Provided entries ->
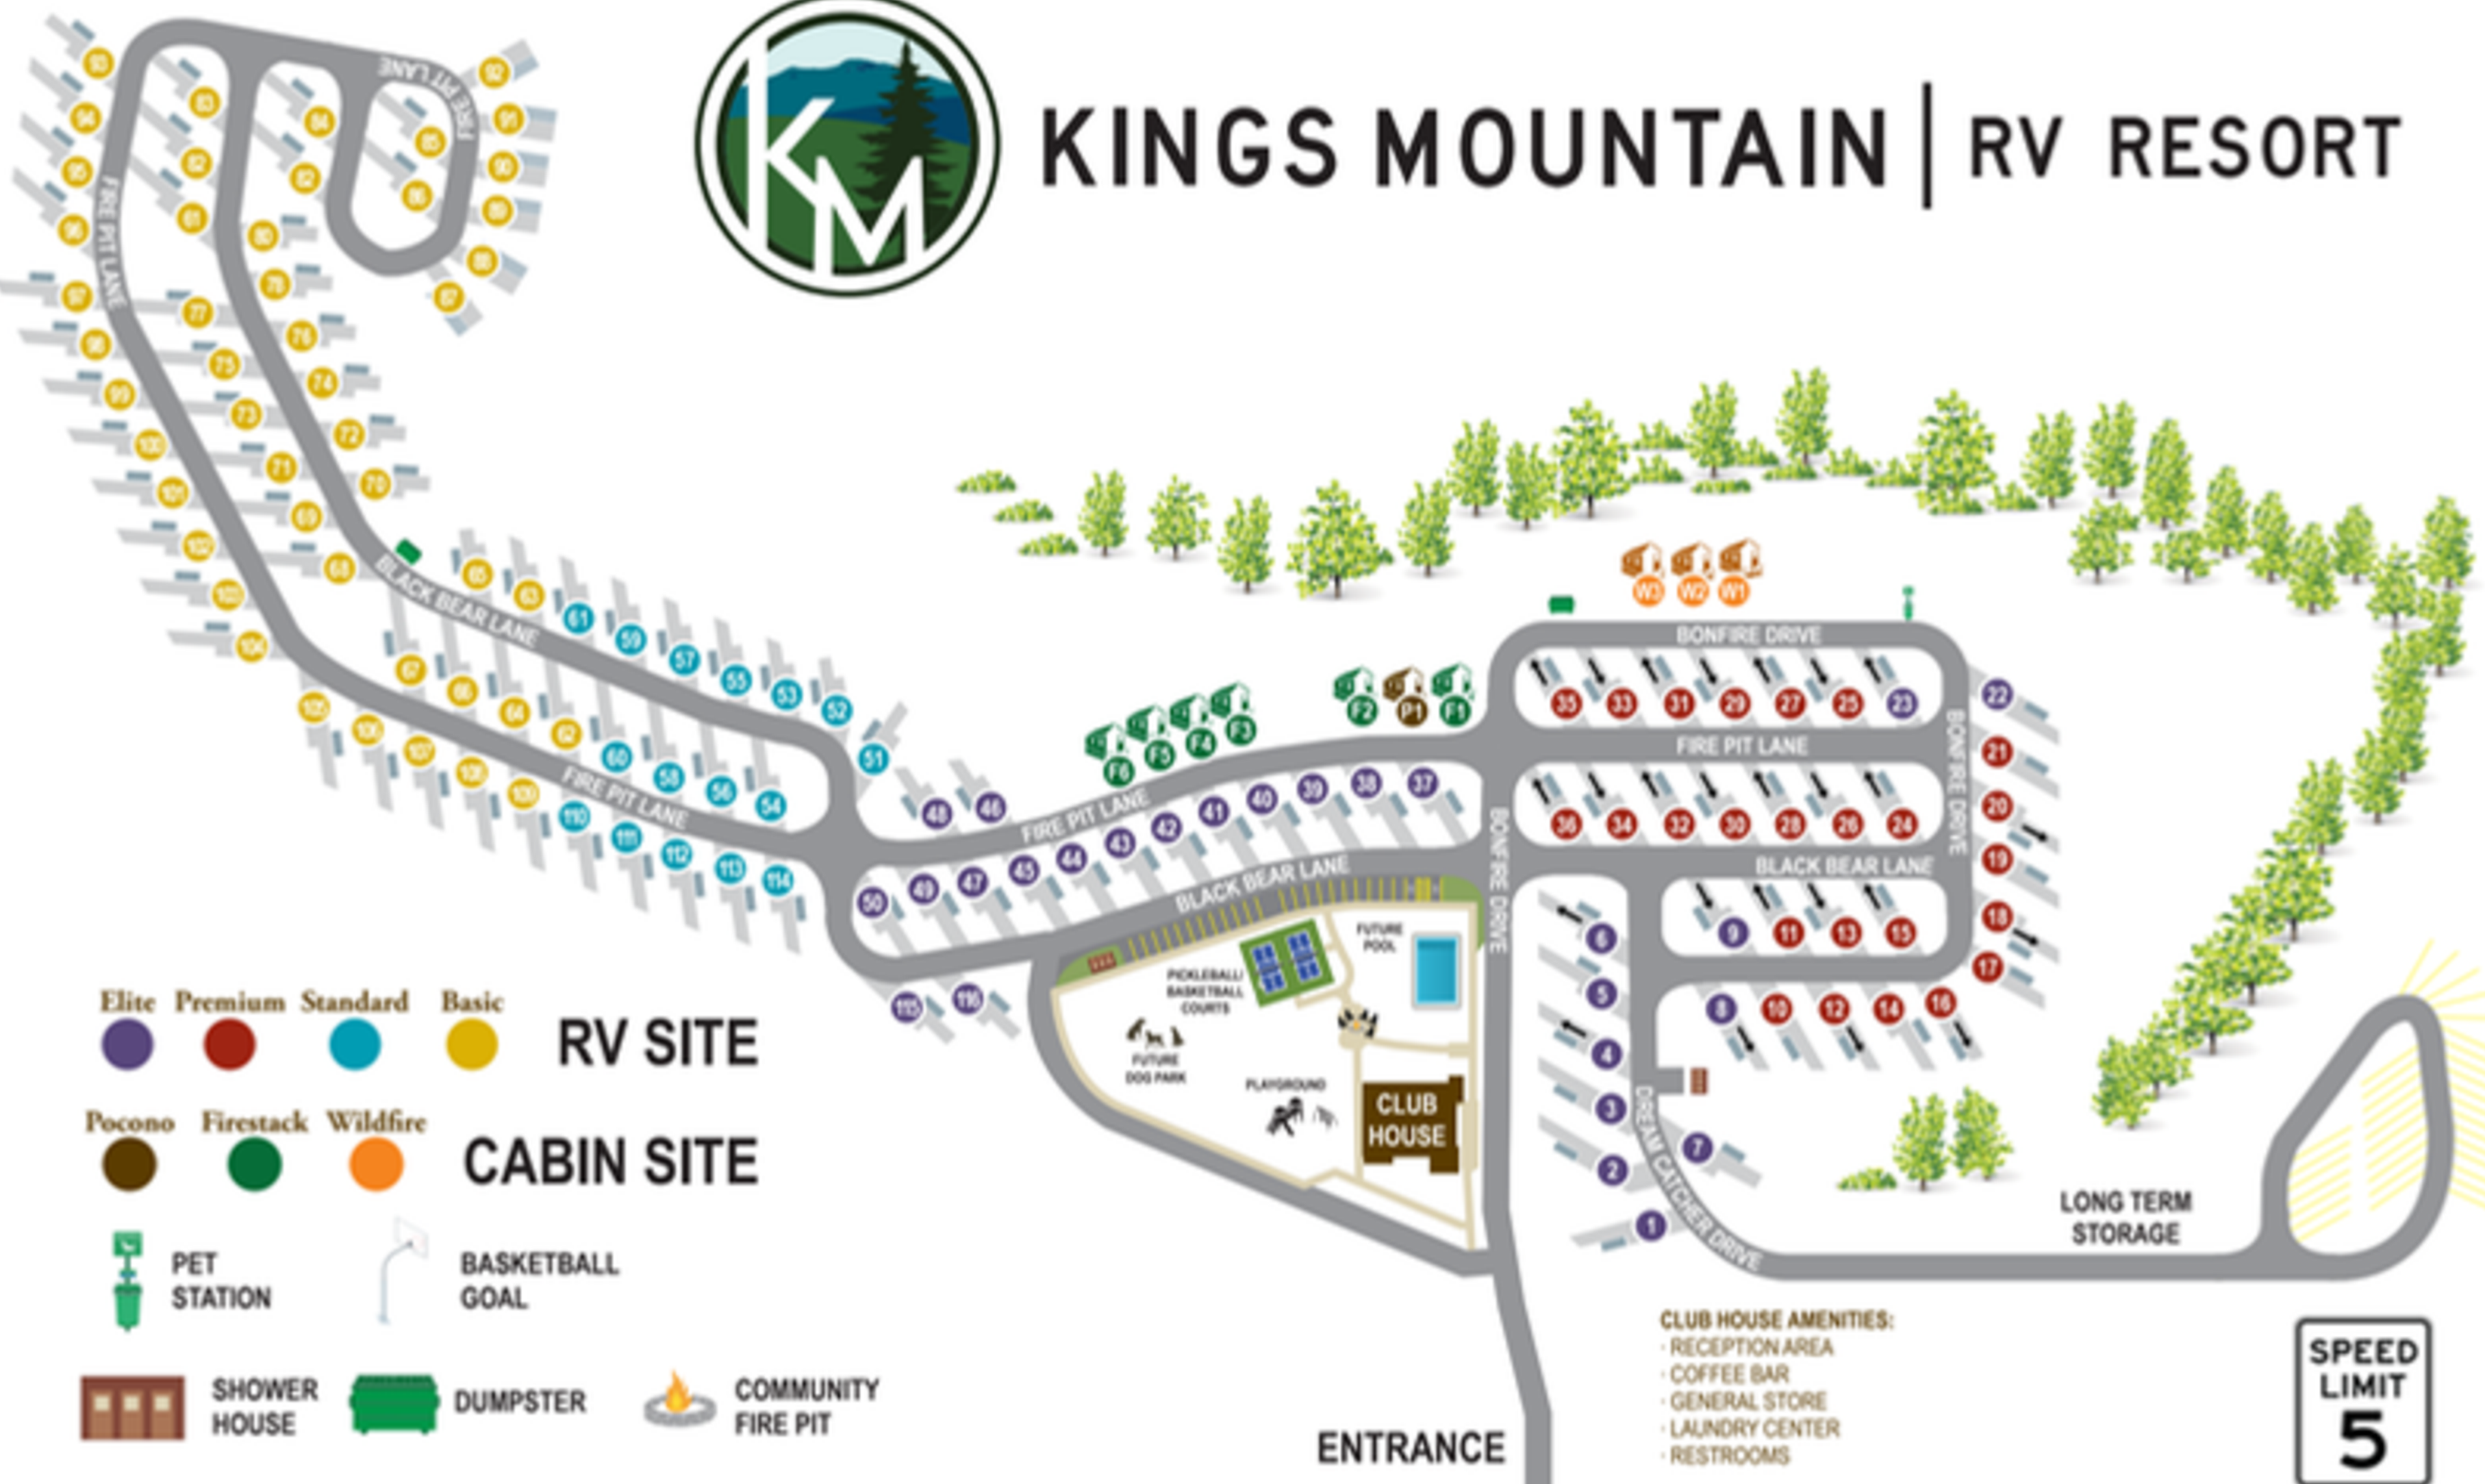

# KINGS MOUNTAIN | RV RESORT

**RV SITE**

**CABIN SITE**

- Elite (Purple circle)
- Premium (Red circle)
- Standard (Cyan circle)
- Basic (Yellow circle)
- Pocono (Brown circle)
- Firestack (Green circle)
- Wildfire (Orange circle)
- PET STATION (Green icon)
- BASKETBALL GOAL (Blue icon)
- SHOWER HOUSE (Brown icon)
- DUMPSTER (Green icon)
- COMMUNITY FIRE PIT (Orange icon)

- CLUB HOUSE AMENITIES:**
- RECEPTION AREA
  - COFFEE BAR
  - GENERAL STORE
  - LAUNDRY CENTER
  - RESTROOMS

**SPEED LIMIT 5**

Task statement -> Wherever the string "HOUSE" appears in a line above, copy that line.

Response to the task ->
- SHOWER HOUSE (Brown icon)
- CLUB HOUSE AMENITIES:**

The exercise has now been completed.